We plan to use Specfem3D_globe to study CMB with velocity tomography models. We already installed the package, and succeeded to get synthetic waveforms with setting NPROC_XI(ETA)=8, and NEX_XI(ETA)=512 due to limit of computational power. However for PKIKP, we prefer to get precision as ~2Hz, therefore we need bigger number for NEX_XI(ETA). What else parameters should I change to make it work with limit of computational power?
Your suggestion will be appreciated in advance.
you are looking for a 2 Hz global simulation with 3D earth models using a spectral-element code? then you are probably out of luck with the SPECFEM3D_GLOBE code as there is currently no supercomputer big enough to achieve that. however, CIG also hosts the AxiSem code that might help you out with this.
Well, maybe not that big.
Actually we only need 3D velocity model in small region around inner/outer core boundary, the rest is 1D earth model for PKIKP phase.
This should work, right?
the runtime of a SPECFEM3D_GLOBE simulation is independent of having a 1D or 3D model. that is, running a simulation for a 1D model is as expensive as running it for a 3D model. so it doesn’t matter if you only want a portion of the Earth to be 3D.
you could only save time by turning off some of the physics (attenuation, ocean, gravity, rotation) or by limiting the simulation to a 1-chunk, regional simulation.
Hi,
I’m curious about that…which kind of machine could fullfill this problem? a machine similar to Leonardo (for example) or much much bigger? it seems like a potential benchmark for DT in SE…Piero
For a 1Hz simulation, NEX should be at least 4352 (= 256 * 17). with a setup of NPROC_XI = 128 and NEX_XI = 5120 the bin/xcreate_header_file tool provides:
*******************************
./SPECFEM3D_GLOBE$ cp DATA/Par_file.1Hz DATA/Par_file; ./bin/xcreate_header_file
creating file OUTPUT_FILES/values_from_mesher.h to compile solver with correct values
edit file OUTPUT_FILES/values_from_mesher.h to see
some statistics about the mesh
number of processors = 98304
maximum number of points per region = 29322721
total elements per slice = 260606
total points per slice = 34608523
the time step of the solver will be DT = 5.34909358E-03 (s)
the (approximate) minimum period resolved will be = 0.850000024 (s)
current record length is = 120.000000 min
current minimum number of time steps will be = 1346100
on NEC SX, make sure "loopcnt=" parameter
in Makefile is greater than max vector length = 87968163
approximate static memory needed by the solver:
----------------------------------------------
(lower bound, usually the real amount used is 5% to 10% higher)

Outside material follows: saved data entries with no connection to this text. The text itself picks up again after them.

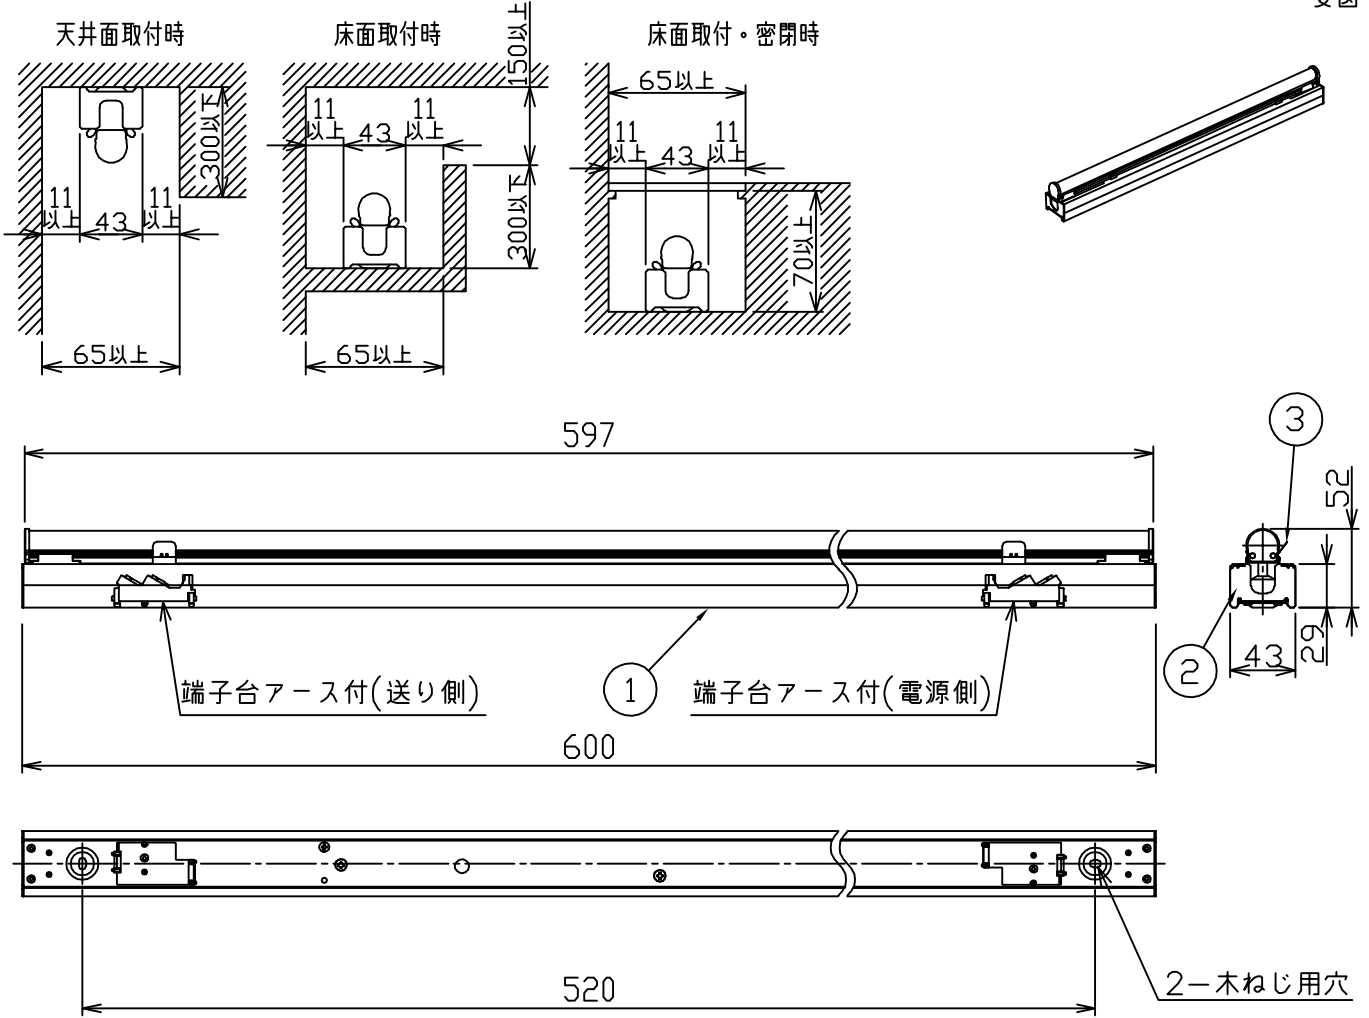

### 最小施工寸法

### 安全に関するご注意

- この器具は、一般通常環境の屋内天井直付・壁付・床直付兼用器具です。一般通常環境以外の所、屋外、湿気の高い所、水気のかかる所では使用しないでください。落下・感電・火災の原因になります。
- 電源電圧は、定格電圧±6%内でご使用下さい。感電・火災の原因になります。
- この器具は木ねじ取付専用器具です。必ず木ねじ(2本)で補強のある位置に取付けてください。落下の原因になります。
- ガス機器等の温度の高くなるものの上に取り付けしないでください。火災の原因になります。
- LEDにはバラツキがあり、同一型番であっても商品ごとに発光色、明るさ、点灯時間が異なる場合があります。

定格光束	1090Lm
LED照明器具の固有エネルギー消費効率	103.8Lm/W
LED光源寿命	40000時間

機能		一般用		特記事項		
7	取付場所	屋外 天井・壁(縦・横向)・床付兼用		連結最大27台まで(100V時) 連結最大54台まで(200V時)		
6	電源接続	端子台(アース付)		LEDユニット別梱包		
5	消費電力	10.5 W	定格電圧	注)調光器併用不可		
4	電気容量	11/13VA				
3	取付バネ	ステンレス板				
2	側板	銅板	ユニクロメッキ			
1	本体	アルミ型板	シルバーアルマイト	スイッチ無し		
No.	部品名	材質	備考	器具重量	約 0.8 kg	峠田 谷口 ①

(you can get a more precise estimate of the size used per MPI process
by typing "size -d bin/xspecfem3D"
after compiling the code with the DATA/Par_file you plan to use)
size of static arrays per slice = 15360.350440000000 MB
= 14648.771705627441 MiB
= 15.360350439999999 GB
= 14.305441118776798 GiB
(should be below 80% or 90% of the memory installed per core)
(if significantly more, the job will not run by lack of memory)
(note that if significantly less, you waste a significant amount
of memory per processor core)
(but that can be perfectly acceptable if you can afford it and
want faster results by using more cores)
size of static arrays for all slices = 1509983.8896537600 GB
= 1406282.0837402344 GiB
= 1509.9838896537599 TB
= 1373.3223474025726 TiB
*******************************
usually, for such big simulations, the limiting factor is the memory usage. with the above setup, the run requires ~ 100,000 GPUs and fills them up to 16GB per card. and for running adjoint kernel simulations, this will double, i.e., needs up to 32GB per card.
the storage size for having the model output to disk is probably quite big as well (~ a few 100-1,000 TB?).
In Leonardo we should have order 14K A100 (or similar) GPUS with 32 GB each. It’s still unfeasible, yes. The most interesting aspect, in my opinion, is that a similar big run would probably fails…not always but with an high probability due to hardware failures. For this incredible simulations fault tolerance would be a must.